DCSIMG

Connor, 6, hailed for quick actions to save diabetic father

Connor Hoyland, from Penicuik, got help when his father Derek suffered a diabetic hypo. Picture: Jane Barlow

Connor Hoyland, from Penicuik, got help when his father Derek suffered a diabetic hypo. Picture: Jane Barlow

ALL he wanted after waking up thirsty in bed one night was to ask his dad for a glass of water.

But this drink quickly turned into something more dangerous for six-year-old Connor Hoyland when he came downstairs to find his dad, Derek, who has type one diabetes, in the family living room suffering a hypoglycemic attack.

The attack – the result of Derek’s blood-sugar levels plunging after he’d spent the evening “running around daft” to get Connor and his little sister, Amy, two, ready for bed – could have resulted in hospitalisation and even coma.

Amazingly, Connor, a P2 pupil at Penicuik’s Strathesk Primary, kept calm, offered his dad a biscuit, unlocked the front door and picked up a mobile phone to ring his mum, Clair, who was at work at Beeslack High.

Clair then rushed home to administer an emergency glucose injection and stabilise Derek’s blood-sugar levels.

Today, Connor’s parents paid tribute to their son and his composure under pressure, which they said saved his dad from becoming seriously ill.

Derek, 47, a staff trainer for Scottish Widows in Edinburgh, said: “Basically I just blacked out, I can’t really remember much about the attack.
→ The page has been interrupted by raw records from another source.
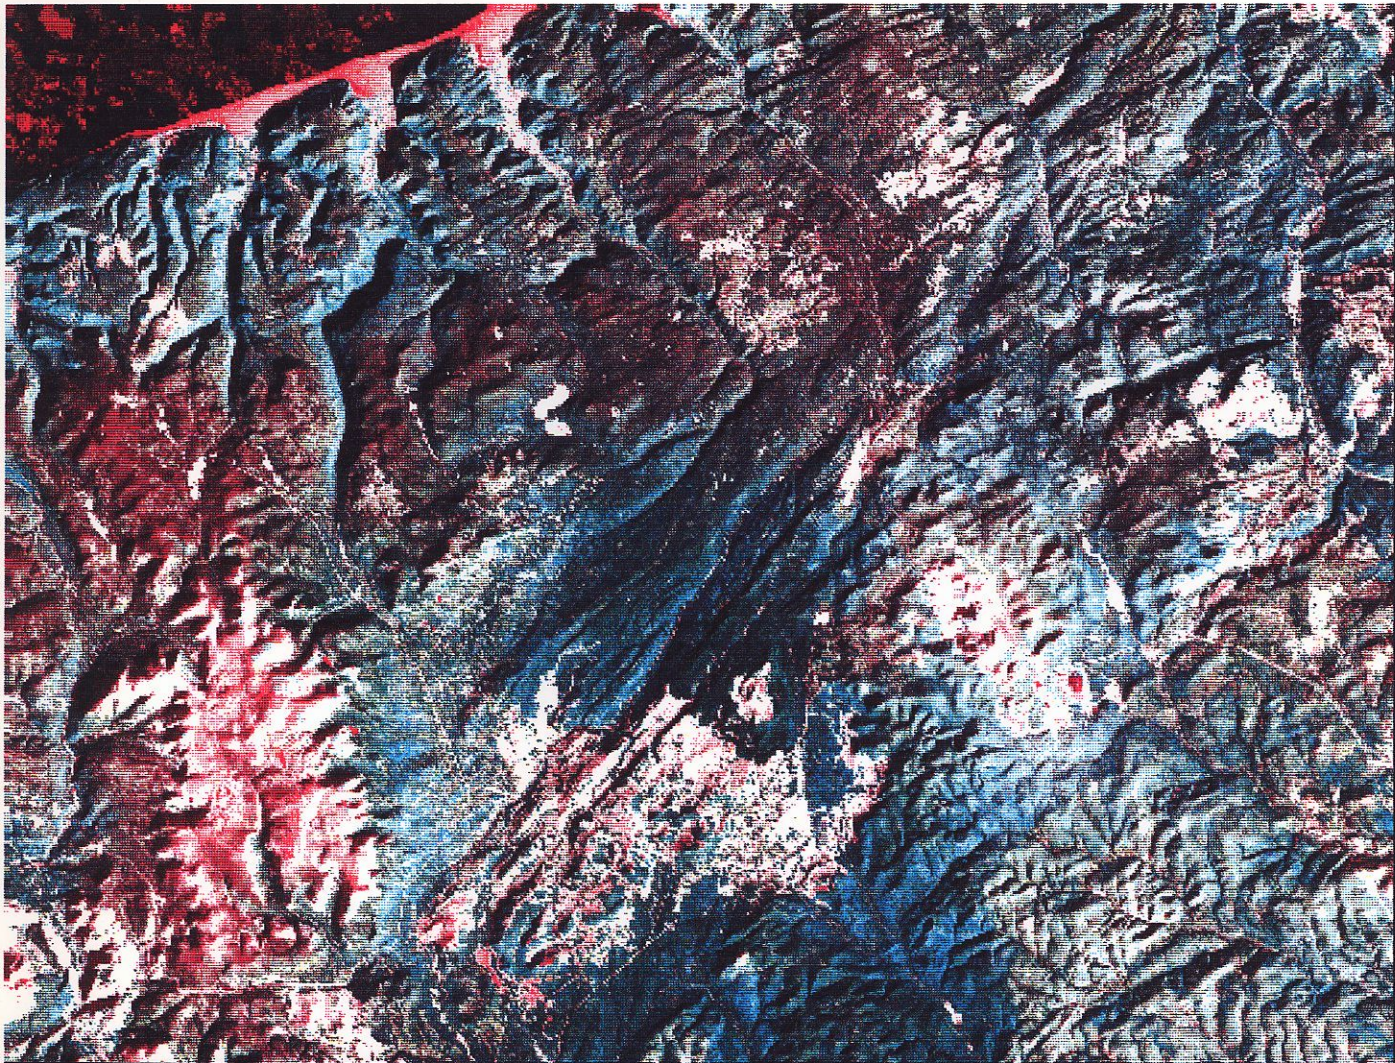

Clisbalco
93c/09

821861

GASPESIE PROJECT
LANDSAT-TM FALSE COLOUR IMAGE
BANDS 7 5 3
SCALE: 1:500,000

ADVANCED SATELLITE PRODUCTIONS AND ASSOCIATES, 1991

GASPESIE PROJECT

RADAR SIMULATION IMAGE FROM LANDSAT-TM DATA

DIRECTION OF ILLUMINATION: N000E

INCLINAISON: 35 DEG.

CONTRAST: .01

SLOPE SCALE FACTOR: .035

CUTOFF: 0

SCALE: 1:500,000

ADVANCED SATELLITE PRODUCTIONS AND ASSOCIATES, 1991

SALMO PROJECT
FALSE COLOUR LANDSAT-TM IMAGE
SCALE: 1:300,000

ADVANCED
SATELLITE
PRODUCTIONS
AND ASSOCIATES

SALMO PROJECT
RADAR SIMULATION IMAGE FROM LANDSAT-TM DATA
DIR. OF ILLUMINATION: N000E

SCALE: 1:300 000

ADVANCED
SATELLITE
PRODUCTIONS
AND ASSOCIATES

SALMO PROJECT
RADAR SIMULATION IMAGE FROM LANDSAT-TM DATA
DIR. OF ILLUMINATION: N040E

SCALE: 1:300 000

ADVANCED
SATELLITE
PRODUCTIONS
AND ASSOCIATES

CHILE PROJECT

CLASSIFICATION OF HYDROTHERMAL ALTERED AREAS

PURPLE: VERY ALTERED TO BLUE: NO ALTERATION

SCALE: 1:80,000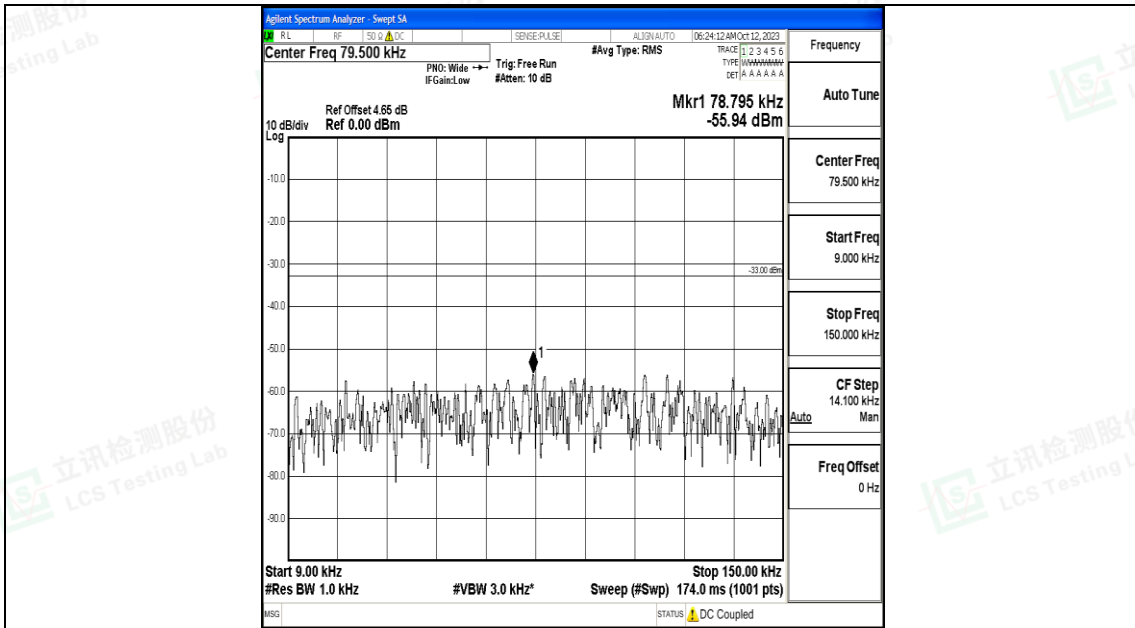

Band5\_1.4MHz\_16QAM\_20643\_1RB#0\_0.15~30\_0.15~30

Band5\_1.4MHz\_16QAM\_20643\_1RB#0\_30~1000\_30~1000

Band5\_1.4MHz\_16QAM\_20643\_1RB#0\_1000~3000\_1000~3000

Band5\_1.4MHz\_16QAM\_20643\_1RB#0\_3000~10000\_3000~10000

“When I’m looking after the kids, I’m running around daft about them and that can have an effect. How much a particular type of activity can affect your blood sugar if you are diabetic can be quite unpredictable.

“I was trying to get tea as well and I took something to eat and thought it should be enough. Unfortunately, it wasn’t enough for everything I was doing to keep things under control and it got to the stage where I couldn’t recover.

“But Connor did brilliantly for a six-year-old – he was really calm and collected, and able to handle it all very well.”

Clair, 38, who works as a learning support assistant, said she and her husband had not hidden his diabetes from their children, and had given Connor instructions on what to do if his dad ever suffered an attack.

She said: “I knew Derek was way past the stage of me being able to do anything over the phone and I was panicky when I left work.

“But Connor was absolutely fine. I just cannot believe how much he carried out everything we told him to do to a T. I remember afterwards I was jumping around in the school playground when I was telling people about it.”

Although he came downstairs during the attack last month to find his dad sweating, clammy and disoriented, Connor told the News he did not feel scared or worried.

He said: “When I found him, I thought something was wrong. I offered him a biscuit, but he just did not want it. So I phoned mum’s work and spoke to her and she said she was coming home.

“I was OK, I did not feel worried at all. I’m really happy about what I did.”

Bosses at the Scottish Ambulance Service, who presented Connor with a certificate of commendation last week, praised his actions.

A spokesman said: “For someone so young, Connor showed real presence of mind to stay so calm and call his mum, which was exactly the right thing to do.”